— Brief —
Exactly how many lines in this listing contain "GROHE"? Only the number is needed.

— Dataset entries —
──────────────────────────────
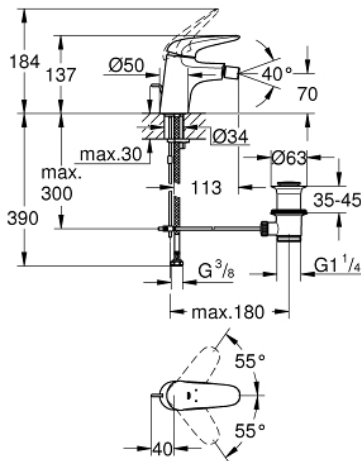

## 32 288 001 WAVE MONOCOMANDO DE BIDÉ 1/2" TAMANHO S

### DESCRIÇÃO DO PRODUTO

- Colour: cromado
- Manipulo metálico
- Cartucho de discos cerâmicos GROHE SilkMove 35 mm
- Limitador ecológico de caudal
- mousseur 5,7 l/min
- Rótula orientável
- Válvula automática 1 1/4"
- GROHE FastFixation sistema de rápida instalação
- GROHE QuickTool incluída

## 32 288 001 **WAVE MONOCOMANDO DE BIDÉ 1/2" TAMANHO S**

**PEÇAS DE REPOSIÇÃO** , fevereiro 2015 – now

1: manipulador (Spare part-nr. 46951000)

2: Calota (desde 1999) (Spare part-nr. 46492000)

3: união roscada (Spare part-nr. 46460000)

8.1: Tampa de válvula (Spare part-nr. 07182000)

8.2: vareta (Spare part-nr. 07052000)

9: vareta (Spare part-nr. 07341000)\*

10: Chave de caixa (Spare part-nr. 19332000)\*

11: Chave de tubo longa (Spare part-nr. 19017000)\*
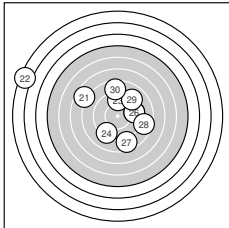

**Serie 1:**

8.6 ↘	10.1 ↘	8.6 ↙	8.9 ↗	9.3 ↗
9.9 →	6.2 ↙	5.1 ↘	8.3 ↗	9.7 ↘

**beste Teiler: 219.2 (2.), 268.5 (6.), 304.4 (10.)**  
**Trefferlage: 1.54 mm links, 2.77 mm hoch**  
**Streuwert: 4.89, horizontal: 4.39, vertikal: 5.35**

**Serie 2:**

10.7 *	9.9 ↘	9.6 ↑	9.1 →	8.0 →
7.1 ↘	9.7 ↘	9.7 ↘	8.8 →	9.3 ↘

**beste Teiler: 63.3 (11.), 253.2 (12.), 301.9 (17.)**  
**Trefferlage: 1.13 mm rechts, 1.42 mm hoch**  
**Streuwert: 3.47, horizontal: 3.65, vertikal: 3.28**

**Serie 3:**

7.6 ↘	2.3 ↘	9.6 ↑	9.2 ↙	9.5 →
9.5 →	8.6 ↓	8.6 →	9.1 ↗	8.6 ↑

**beste Teiler: 345.0 (23.), 369.9 (26.), 370.1 (25.)**  
**Trefferlage: 1.21 mm links, 1.60 mm hoch**  
**Streuwert: 6.17, horizontal: 7.59, vertikal: 4.31**

**Serie 4:**

10.9 *	7.0 ↘	9.3 ↓	8.1 →	7.0 ←
9.0 ↗	8.5 ↘	6.0 →	8.9 →	7.6 ↘

**beste Teiler: 9.2 (31.), 403.7 (33.), 500.0 (36.)**  
**Trefferlage: 0.50 mm rechts, 0.26 mm hoch**  
**Streuwert: 5.65, horizontal: 7.02, vertikal: 3.80**
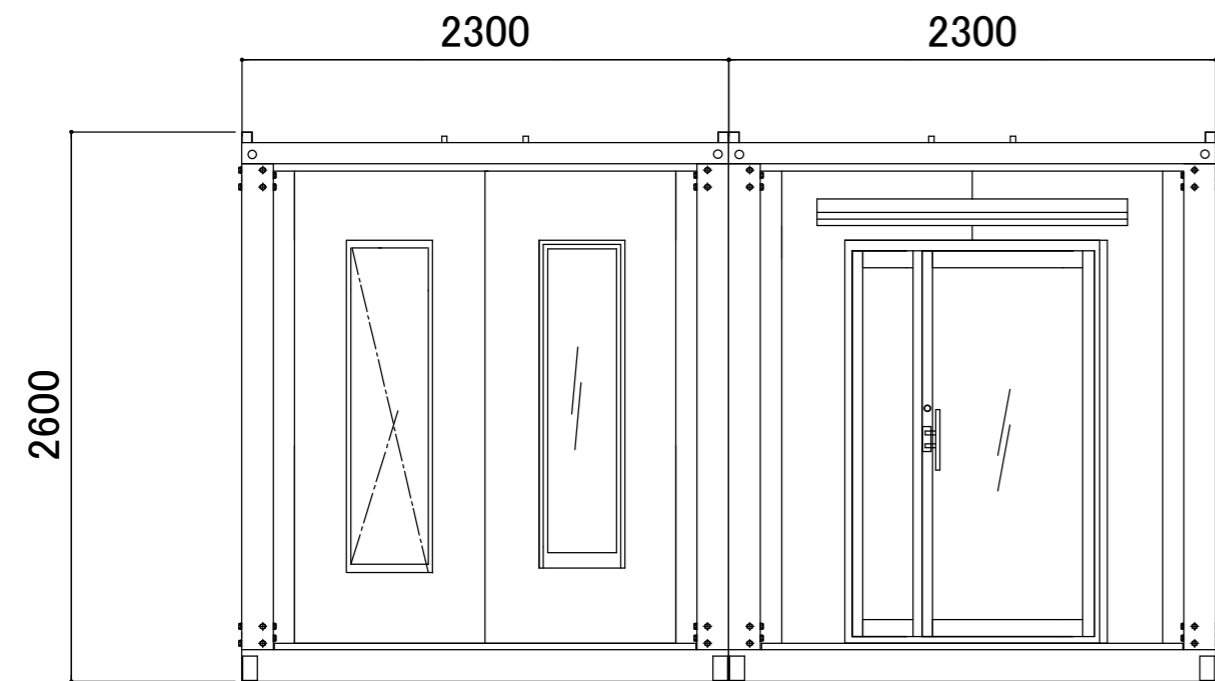

名称	仕様(本体のみ)
骨組構造	軽量形鋼・ノックダウン構造
屋根	瓦棒葺き亜鉛鋼板 t=0.3
天井	両面カラー鋼板@,4 断熱ウレタンパネル@40
壁面パネル	両面カラー鋼板@,4 断熱ウレタンパネル@30
出入口	アルミサッシ親子扉(3mm透明ガラス)
窓	アルミサッシ引違窓(3mm透明ガラス)
	アルミサッシFIX窓(5mm透明ガラス)
	アルミサッシ縦すべり出し窓(5mm透明ガラス)
床	耐水合板@,15 長尺フロアシート張り
照明器具	LED照明×2ヶ所
分電盤	4回路用
コンセント	壁付:2口×4ヶ所 換気扇用:1口×1ヶ所
	エアコン用(200V):1口×1ヶ所
換気扇	フード付

【仕様選択】

鉄骨フレームサイズ:U150 フレームカラー:ホワイト  
 パネルデザイン:ホワイトマール  
 サッシカラー:シャイングレー  
 換気扇フード:ホワイト

お客様名

確認印

商品名

A-space AC-5型

縮尺

1:30  
(A3)
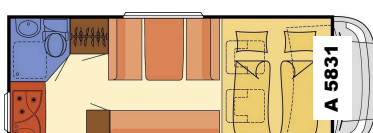

ab 14 Tagen freie km

Kurzmiete 300 km / Tag

mehr km 0,35 € / km

ab 21 Tage 3% Rabatt

3% Frühbucher bis 29.02.2012

Compact

12

Tag/€

73,-

84,-

92,-

20

13

Saisonzeiten

2012

Tagespreise

Vor- / Nachsaison

23.03. bis 30.04.
08.10. bis 15.11.

Zwischensaison

01.05. bis 13.07.
01.09. bis 07.10.

Ferientarif

14.07. bis 31.08.

Compact Standard

14

Tag/€

81,-

91,-

105,-

15

17

97

Zubehör

pauschal pro Reise / €

Stellplatzatlas	
Campingführer	5,-
Camping Tisch und Stühle	30,-
Sonnenmarkise	20,-
4er Geschirrset	15,-

Compact Plus

21

Tag/€

90,-

99,-

113,-

22

16

18

19

Preise incl. 19% MwSt.
technische Änderungen
und Irrtümer vorbehalten

Übergabepauschale für alle Reisemobile 125,- €
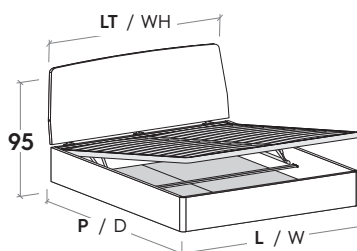

MATERASSO MATTRESS

MATTRESS	L / W cm	LT / WH cm	P / D cm
120 x 190 200	128	127,5	206 216
160 x 190 200	168	167,5	206 216
180 x 190 200	188	187,5	206 216

Pannelli di fondo ispezionabili.
Lift-up bottom panels for inspection.

Disponibile sistema di sollevamento PRATIC.
PRATIC lift system available on demand.
──────────────────────────────
— Finished exercise —
3